In the end, it was not even close – Cronin won Lowell, Lawrence, and 19 of the 22 towns in the district. He beat Kerry by 18,123 votes, or almost 9% of the 207,623 ballots cast. Kerry actually stuck around in Lowell for a bit after that, buying a house in Belvidere before moving on with his political career elsewhere. A year after the election, the charges against Cameron Kerry and Tom Vallely were dropped.
The Lowell Quarter
Back in 1996, Congressman Mike Castle (R-Delaware) introduced legislation that created the “50 State Quarter Project” which had the U.S. Mint issue a new quarter for each state and territory. (The Massachusetts quarter, issued in 2000 and shown above, features the Concord Minuteman).
When the last of the state quarters was issued in 2008, Congressman Castle introduced a related bill initially called “The National Park Quarters Act” which was later changed to the “America the Beautiful Quarter” series. The Act called for each state to recommend to the U.S. Mint one National Park Service site within the state to be placed on a quarter for that state.
Then-Massachusetts Governor Deval Patrick established a website and allowed residents of the Commonwealth to vote on which site should represent Massachusetts. The Gloucester Fisherman’s Memorial won that vote, but was ineligible because it was a city park, not a National Park Service site.
Because of this disqualification, the second-place finisher was chosen to represent Massachusetts. That was Lowell National Historical Park.
As for the design of the quarter, that is up to the Secretary of the Treasury with input from several advisory councils and current Governor Charlie Baker. The design itself has been created by artists at the United States Mint, however, staff from the Tsongas Industrial History Center and Lowell National Historical Park have shared with those artists some key images and aspects of Lowell’s history.
With each state, the District of Columbia and US Territories each having a National Park quarter, there are 56 in all. More than 40 have already been released. The Lowell quarter will be number 46. The final design choices will be made public later this summer and the quarter itself will be released at a big launch party in Lowell in February 2019.
Elections Listening Session
This coming Wednesday, July 18, 2018, at 6:30 pm at Lowell Telecommunications Corp (LTC), 246 Market Street, the City Council ad hoc elections subcommittee will hold another public listening session. This is an opportunity for members of the public to let councilors know if they feel represented at City Hall; if they are satisfied with the current at-large voting system or whether they’d prefer some type of district representation or some mixture of both; and anything else they’d like to share with councilors on the subcommittee (which is chaired by Vesna Nuon with Ed Kennedy and John Leahy as members).

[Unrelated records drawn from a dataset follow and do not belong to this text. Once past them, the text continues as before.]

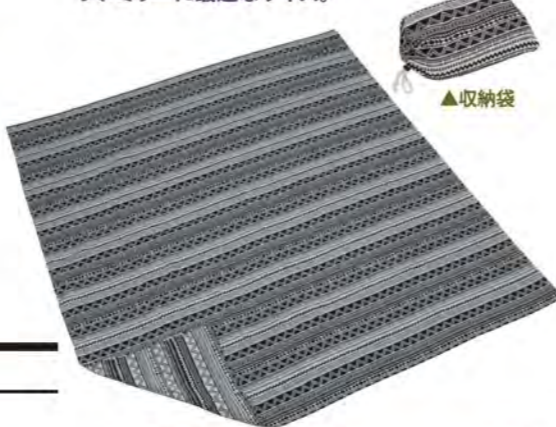

UP-2568

CSブラックラベル
ラグ1820(ジオメトリック)

本体価格 **2,500円** (税込2,750円)

入数 6
商品サイズ (使用時)約1800×2000mm
(収納時)約220×480×厚さ80mm
商品重量 約950g
個装サイズ 約W220×D480×H80mm
個装重量 約1000g
材質 ポリエステル90%、綿10%
JAN 4560464260618

高さが2段階に調節できる
スリム収納型ロールテーブル

UC-0551

CSブラックラベル
アルミソーウェイルロールテーブルtype2

本体価格 **10,000円** (税込11,000円)

入数 4
商品サイズ (使用時)約W710×D690×H700-400mm
(収納時)約150×120×長さ720mm
商品重量 約3kg
個装サイズ 約W730×D120×H170mm
個装重量 約3.4kg
セット内容 テーブル、収納バッグ
材質 甲板:アルミニウム合金、
表面加工:天板・脚部=粉体塗装、
脚部=アルミニウム合金
耐荷重 約20kg(均等)
JAN 4560464270303

▼収納バッグ
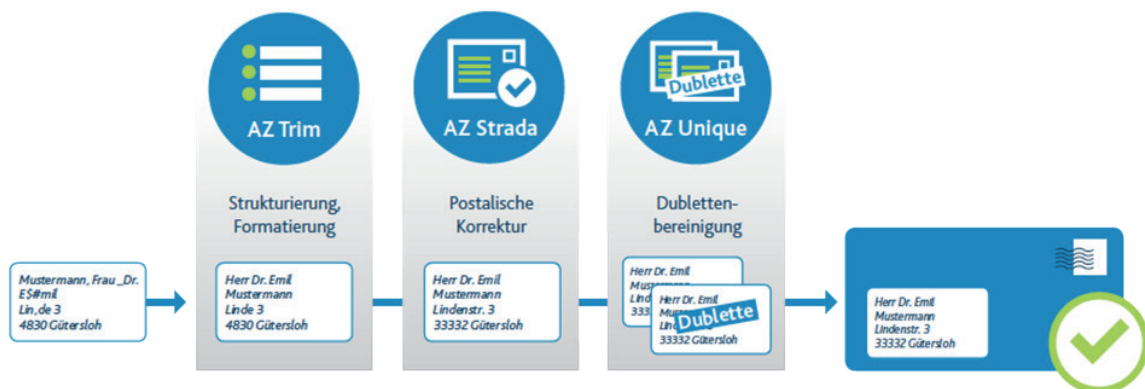

The image shows a vertical navigation menu on the left side of a dark red background. The menu items are: Direct Mail (envelope icon), E-Mail-Marketing (@ icon), Display (monitor icon), AZ DIAS (database icon), Multi-Channel-Marketing (three upward arrows icon), and Information Services (network icon). To the right of the menu, the text 'AZ Online' is displayed in white. Below it, the text 'Anschriftenverifizierung mit mehr als 150 Millionen Referenzdaten für D-A-CH' is shown. On the far right, there is a faint, light-colored graphic of a network or molecule structure.

Mehr Power für Ihr Kundenmanagement

Adressmanagement-Services Online
Die neuen Lösungen zur Pflege Ihrer Adressen

Adressmanagement-Services Online Die neuen Lösungen zur Pflege Ihrer Adressen

Mehr als 45 Jahre Erfahrung und Billionen verarbeiteter Adressen bilden die Grundlage für die marktführenden Adress-Services von AZ Direct. Mit AZ Online stehen alle Funktionalitäten für ein erfolgreiches Adressmanagement hochverfügbar und in Echtzeit zur Verfügung.

Leistungsmerkmale

- ✓ Adressformatierung und -strukturierung
- ✓ Postalische Adressvalidierung (national /international)
- ✓ Erkennung und Markierung von Dubletten auf Personen- oder Familienbasis
- ✓ Verifikation (Zustellbarkeitsprüfung) von Anschriften mit AZ PICK
- ✓ Bereinigung um Unzustellbaren- und Verstorbenen-Adressen sowie Werbeverweigerern
- ✓ Aktualisierung von Umzugsadressen über alle relevanten Quellen
- ✓ Anreicherung von Merkmalsdaten und Geo-Koordinaten
- ✓ Überprüfung von Telefonnummern, Mobilfunknummern und Emailadressen
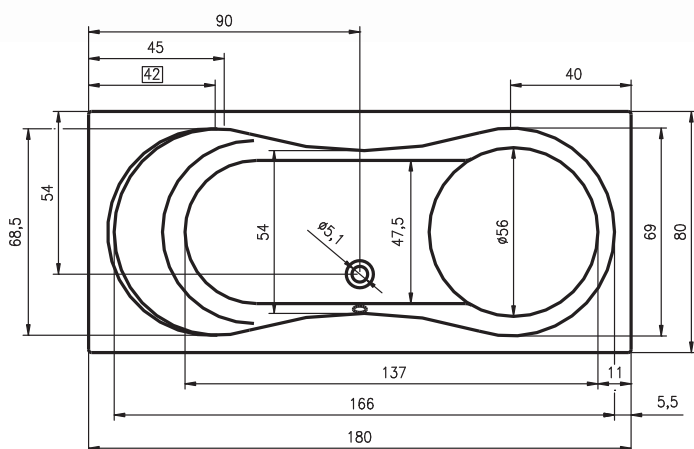

Код	Размер / Объём	Цена
BA37	180 x 80 см / 245 л	566,-

Массажные системы									
Hit1	Hit2	Hit3	Top1	Top2	Top5	Pro6	Pro7	Pro8	Lux8
	Hydro 6+4+2	Hydro 6+4+2		Hydro 6+4+2	Hydro 6+4+2	Hydro 6+4+2	Hydro 6+4+2		Hydro 4+4+2
Aero 11		Aero 11	Aero 11		Aero 11		Aero 11		Aero 11
						Свет/Очистка	Свет/Очистка		Свет/Очистка
890,-	1 150,-	1 810,-	1 500,-	1 770,-	2 370,-	2 140,-	2 810,-		2 870,-
•	•	•	•	•	•	•	•	—	•

Все цены на системы гидромассажа указаны без стоимости акриловых ванн. Система цен включает в себя стандартный сифон и систему перелива а также несущую раму с опорами.

	Оборудование за доплату - М.С.	Оборудование за доплату - Освещение	Аксессуары						
Описание изделия	TLCD только для WP Pro/Lux	LED Хромотерапия только для WP Pro/Lux (за доплату)	LED Белая подсветка для ванн без системы	LED Хромотерапия для ванн без системы	Комплект слива	Комплект слива с наполнением и переливом	Комплект слива Multiplex	Слив-перелив с наполнением и переливом Multiplex Trio	комплект слива с функцией наполнения через слив Multiplex Trio-F
Код			AL00L114115	AL00C116117	560100200	560100394	560100310	560100360	560100385
Цена	360,-	233,-	365,-	402,-	65,-	172,-	97,-	218,-	595,-

	Аксессуары									
Описание изделия	Ножки	Ручка Черный	Ручка Серебристо-серая	Ручка нержавеющая сталь	Подголовник Черный	Подголовник Серебристо-серая	Подходящие шторы для данной модели ванны найдите на стр. 166	Прямые панели (57,0 см) смотрите на стр. 64	Жидкость для дезинфекции 1 л	Таблетки для дезинфекции 75 шт
Код	01U	AG02110	AG02115	AG03120	АН03110	АН03115			REDIS0002	REDIS0001
Цена	22,-	40,-	40,-	108,-	40,-	40,-			18,-	29,-

The final two listening sessions by the subcommittee are scheduled for July 25, 2018 at the Butler School and on August 1, 2018 at the Robinson School.
Hands-free Cellphone Law
On Thursday, the Sun reported via the State House News service that the legislature is moving closer to enacting a ban on using a cell phone while driving a car. Using a phone in a “hands-free” mode would still be OK. I think this would be an excellent law despite challenges to enforcement. Encountering distracted drivers who are looking at their phones while hurtling down the road happens all the time and inevitably will lead to serious and deadly accidents. Hopefully the legislature will pass an effective law on this and the governor will sign it.